### Problem details
Your answer should be the exact lines of the data below from the one containing "Ravni krovovi" through the one containing "Rückenschlitz"; please include nothing else.

-- Source data follows --

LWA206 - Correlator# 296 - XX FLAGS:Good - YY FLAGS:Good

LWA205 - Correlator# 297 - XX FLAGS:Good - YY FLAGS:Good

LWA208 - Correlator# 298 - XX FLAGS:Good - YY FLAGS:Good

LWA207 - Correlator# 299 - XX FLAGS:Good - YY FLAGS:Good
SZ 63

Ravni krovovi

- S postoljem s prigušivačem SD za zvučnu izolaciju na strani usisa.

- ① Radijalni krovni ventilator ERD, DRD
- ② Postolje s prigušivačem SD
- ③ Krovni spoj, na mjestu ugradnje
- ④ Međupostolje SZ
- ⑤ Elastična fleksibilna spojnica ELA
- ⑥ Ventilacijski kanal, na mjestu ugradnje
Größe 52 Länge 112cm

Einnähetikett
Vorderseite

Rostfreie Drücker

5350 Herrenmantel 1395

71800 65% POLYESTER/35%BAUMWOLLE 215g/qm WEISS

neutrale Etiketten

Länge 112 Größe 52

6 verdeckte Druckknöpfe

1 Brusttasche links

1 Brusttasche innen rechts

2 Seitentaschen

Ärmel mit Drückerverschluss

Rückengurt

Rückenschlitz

-- Source data concluded --
-- Source data follows --

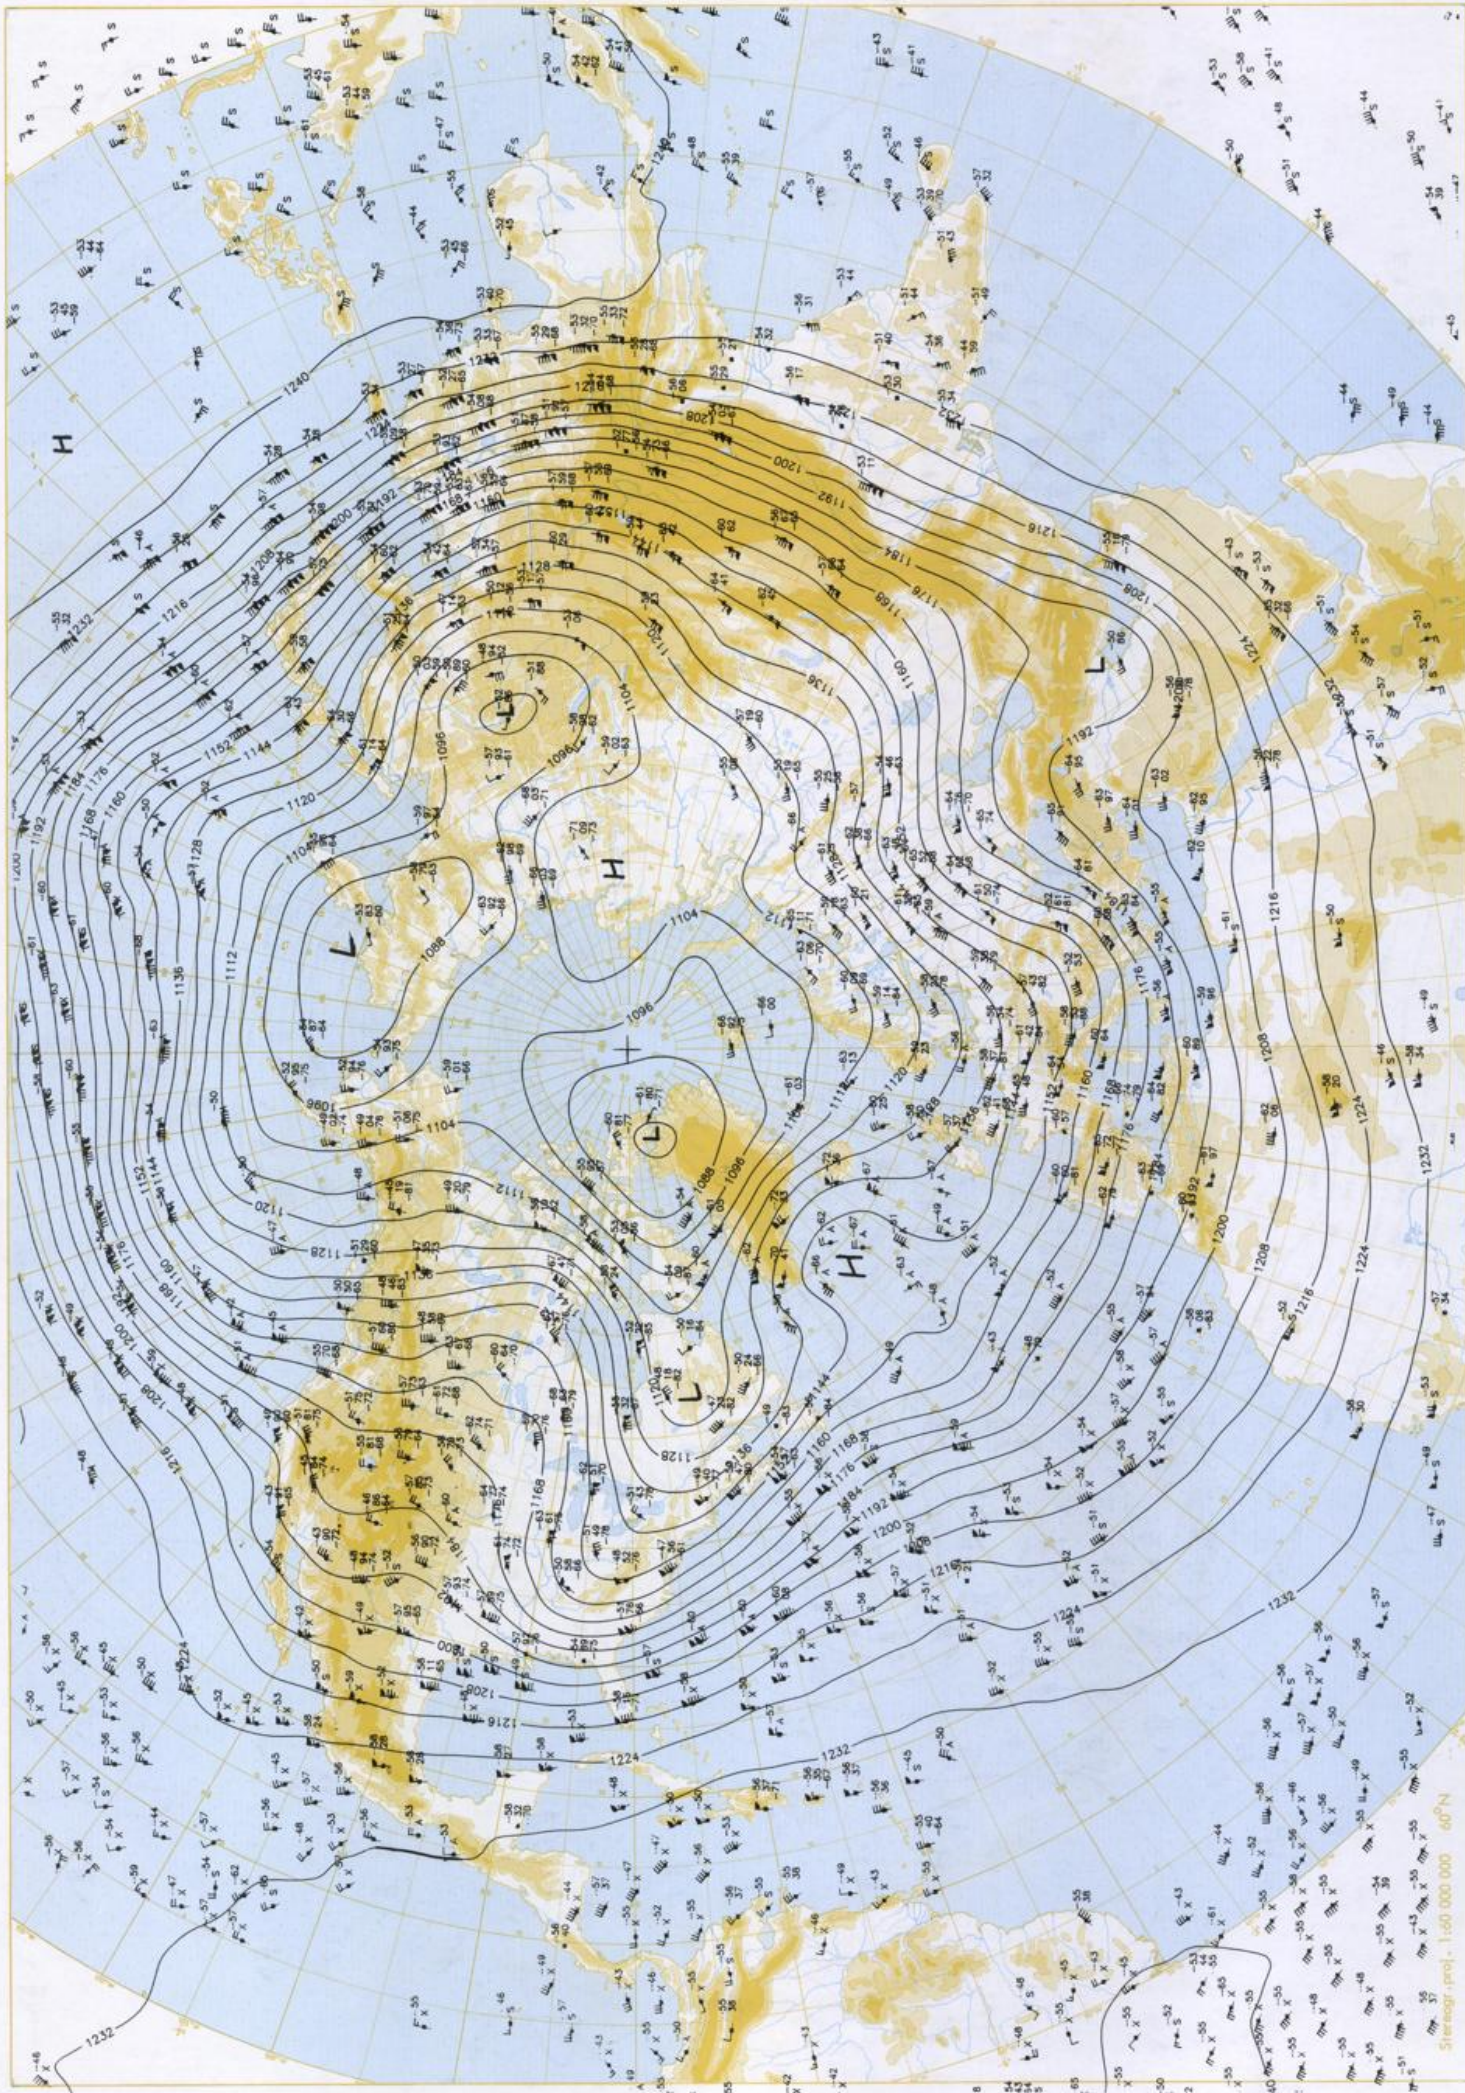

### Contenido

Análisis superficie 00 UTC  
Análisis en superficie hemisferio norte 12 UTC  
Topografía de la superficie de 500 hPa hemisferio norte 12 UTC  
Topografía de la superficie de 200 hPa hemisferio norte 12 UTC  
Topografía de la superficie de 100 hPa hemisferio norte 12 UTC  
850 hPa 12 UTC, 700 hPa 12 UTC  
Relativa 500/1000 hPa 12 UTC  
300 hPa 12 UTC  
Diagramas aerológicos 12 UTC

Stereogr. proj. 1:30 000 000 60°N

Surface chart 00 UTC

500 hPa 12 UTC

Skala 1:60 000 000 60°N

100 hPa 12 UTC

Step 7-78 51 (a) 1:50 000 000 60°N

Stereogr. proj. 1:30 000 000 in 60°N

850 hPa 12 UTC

-- Source data concluded --

### Result of this task
Ravni krovovi

- S postoljem s prigušivačem SD za zvučnu izolaciju na strani usisa.

- ① Radijalni krovni ventilator ERD, DRD
- ② Postolje s prigušivačem SD
- ③ Krovni spoj, na mjestu ugradnje
- ④ Međupostolje SZ
- ⑤ Elastična fleksibilna spojnica ELA
- ⑥ Ventilacijski kanal, na mjestu ugradnje
Größe 52 Länge 112cm

Einnähetikett
Vorderseite

Rostfreie Drücker

5350 Herrenmantel 1395

71800 65% POLYESTER/35%BAUMWOLLE 215g/qm WEISS

neutrale Etiketten

Länge 112 Größe 52

6 verdeckte Druckknöpfe

1 Brusttasche links

1 Brusttasche innen rechts

2 Seitentaschen

Ärmel mit Drückerverschluss

Rückengurt

Rückenschlitz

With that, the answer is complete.